[llvm] r189297 - Add new API lto_codegen_compile_parallel().

Tue Sep 3 14:55:57 PDT 2013

On 9/3/13 9:07 AM, Eric Christopher wrote:
> On Tue, Aug 27, 2013 at 10:42 AM, Shuxin Yang <shuxin.llvm at gmail.com> wrote:
>> Revert in 189386.  Once again, I apologize  I don't follow the canonical
>> procedure.
>> I personally think Nick's proposal is clean enough for our system, and take
>> for granted
>> the community will like it.
>>
> It's not necessarily bad, but the lto library is a bit funky and
> perhaps a new lto library is what we need :)

Basically, I think the LTO lib is in bad shape compared to other 
LTO/IPO/IPA stuff
I worked before.

We certainly need a new LTO. But we have to get that point one step a time.

    I'm not mad at that LTO is provided as lib. But I'm really 
uncomfortable with its interface.
I take it for granted that linker should be completely decoupled from 
compiler (i.e.
the LTO lib), and linker and compiler should talk using symbol-related 
functions instead
of LTO-control related function (like the lto_xxx() APIs). Unfortunately 
people in this list
think my point is pretty crappy:-).

   I could be wrong, but I constantly feel the pain and will still feel 
the pain
if the linker and compiler still communicate with the lto_xxx() APIs -- 
we constantly need to
add new APIs, and in the mean time maintain the old APIs, the linker 
side need to change,
and compiler side need to change as well, ...

   Anyway, this is far beyond my scope. I hope linker folks & other 
awesome folks will
figure out a more comfortable way to go.

>
>> I will not initiate a discussion for now. I'd like to cool things down for a
>> while. (maybe postpone indefinitely).
>>
>> As with most infrastructure related project, partition is an unglamorous and
>> pain-taking work.
>> I step forward to take it just because we are almost have no way debug or
>> investigate LTO.
>>
> Absolutely.
>
>> For those who is curious about how much we can speedup by partition.
>> Unfortunately, I can't tell
>> as the project is not yet completely done. My rudimentary (quite stupid
>> actually)
>> implementation using make-utility speedup the command "clang++ Xalancbmk/*.o
>> -flto"
>> by 39%. (35s vs 21s, Xalancbmk has 700+ input).  It is bit shame for
>> partition. But at very least, each partition
>> is under human control.  On the other hand,  post-IPO scalar-optimization is
>> not yet parallelizied
>> in my rudimentary implementation. (i.e. so far only parallelize the codegen
>> part).

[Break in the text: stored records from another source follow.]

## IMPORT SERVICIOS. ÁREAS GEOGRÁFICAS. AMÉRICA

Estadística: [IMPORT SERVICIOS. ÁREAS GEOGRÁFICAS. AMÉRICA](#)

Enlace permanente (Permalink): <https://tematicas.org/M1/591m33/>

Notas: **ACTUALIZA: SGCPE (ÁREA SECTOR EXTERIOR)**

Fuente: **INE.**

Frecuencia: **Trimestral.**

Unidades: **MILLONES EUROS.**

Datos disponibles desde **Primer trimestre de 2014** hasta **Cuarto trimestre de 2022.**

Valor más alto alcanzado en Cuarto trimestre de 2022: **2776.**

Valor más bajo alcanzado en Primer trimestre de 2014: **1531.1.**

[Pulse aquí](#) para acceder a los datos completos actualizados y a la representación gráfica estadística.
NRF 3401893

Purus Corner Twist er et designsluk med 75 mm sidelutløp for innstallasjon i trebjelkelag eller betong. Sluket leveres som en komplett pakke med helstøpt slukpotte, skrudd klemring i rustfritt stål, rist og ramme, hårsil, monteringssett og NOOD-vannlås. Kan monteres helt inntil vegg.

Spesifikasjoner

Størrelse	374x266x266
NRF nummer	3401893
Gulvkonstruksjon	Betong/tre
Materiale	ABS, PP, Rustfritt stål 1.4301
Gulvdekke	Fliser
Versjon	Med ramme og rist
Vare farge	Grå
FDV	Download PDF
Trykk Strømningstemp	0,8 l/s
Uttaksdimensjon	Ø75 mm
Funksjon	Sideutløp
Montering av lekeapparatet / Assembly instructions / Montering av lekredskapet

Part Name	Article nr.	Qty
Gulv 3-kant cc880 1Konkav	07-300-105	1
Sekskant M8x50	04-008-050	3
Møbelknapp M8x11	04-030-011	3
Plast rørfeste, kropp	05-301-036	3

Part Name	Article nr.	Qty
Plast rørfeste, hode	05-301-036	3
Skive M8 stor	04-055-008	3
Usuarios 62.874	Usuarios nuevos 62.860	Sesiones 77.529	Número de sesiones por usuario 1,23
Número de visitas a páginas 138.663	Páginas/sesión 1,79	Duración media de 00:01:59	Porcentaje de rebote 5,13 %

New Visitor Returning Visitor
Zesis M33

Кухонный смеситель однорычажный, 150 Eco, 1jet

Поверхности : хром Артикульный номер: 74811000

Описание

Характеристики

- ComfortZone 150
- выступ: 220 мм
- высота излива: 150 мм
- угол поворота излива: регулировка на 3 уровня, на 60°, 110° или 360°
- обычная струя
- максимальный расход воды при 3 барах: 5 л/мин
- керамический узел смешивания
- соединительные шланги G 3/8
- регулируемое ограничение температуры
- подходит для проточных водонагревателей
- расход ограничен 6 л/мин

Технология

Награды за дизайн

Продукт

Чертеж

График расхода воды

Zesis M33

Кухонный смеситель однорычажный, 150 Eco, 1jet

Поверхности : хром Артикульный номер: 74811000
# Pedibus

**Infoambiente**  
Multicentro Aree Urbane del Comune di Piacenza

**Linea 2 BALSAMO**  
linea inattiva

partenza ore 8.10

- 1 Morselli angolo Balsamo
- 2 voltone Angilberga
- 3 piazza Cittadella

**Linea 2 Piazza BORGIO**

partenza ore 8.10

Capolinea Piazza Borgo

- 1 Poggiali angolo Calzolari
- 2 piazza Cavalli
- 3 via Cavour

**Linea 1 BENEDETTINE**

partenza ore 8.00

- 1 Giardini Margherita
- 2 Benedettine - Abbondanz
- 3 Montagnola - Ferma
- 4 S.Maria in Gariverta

Surprisingly,
>> the result is very consistent with what Xiaofei achieve via multh-threading
>> code-gen.  As far
>> as I can recall, he speedup some 2.9x. In my case, it take about 13s before
>> code-gen starts.
>> Meaning the speedup to the code-gen is about (35-13)/(21-13) = 2.75x.
>> (Code-gen plus linker's post-processing take 35-13s).
>>
> Interesting. What's the difference (or your opinion) here between,
> say, parallelizing codegen/post-ipo passes and splitting the module?
> Why go for the second rather than the first?
>
>

     Parallelizing CodeGen using multi-thread has lots of limitations :
    1) Currently, the CodeGen implementation is not necessarily 
thread-safe.
    2) it make pass-manager even more complicated.
    3) it work for CodeGen only. It's not applicable to Scalar-Opt(i.e. 
IR opt) which
        need to deal SCC in call-graph.

    In contrast, partition has lots of advantage:
     1) it divide the program into human-controllable partitions, 
significant ease
         LTO trouble-shooting.
     2) It can parallelize *all* post-IPO compiler pipeline, including 
CodeGen,
         Scalar-Opt, and auto-par/Loop-nest-opt etc.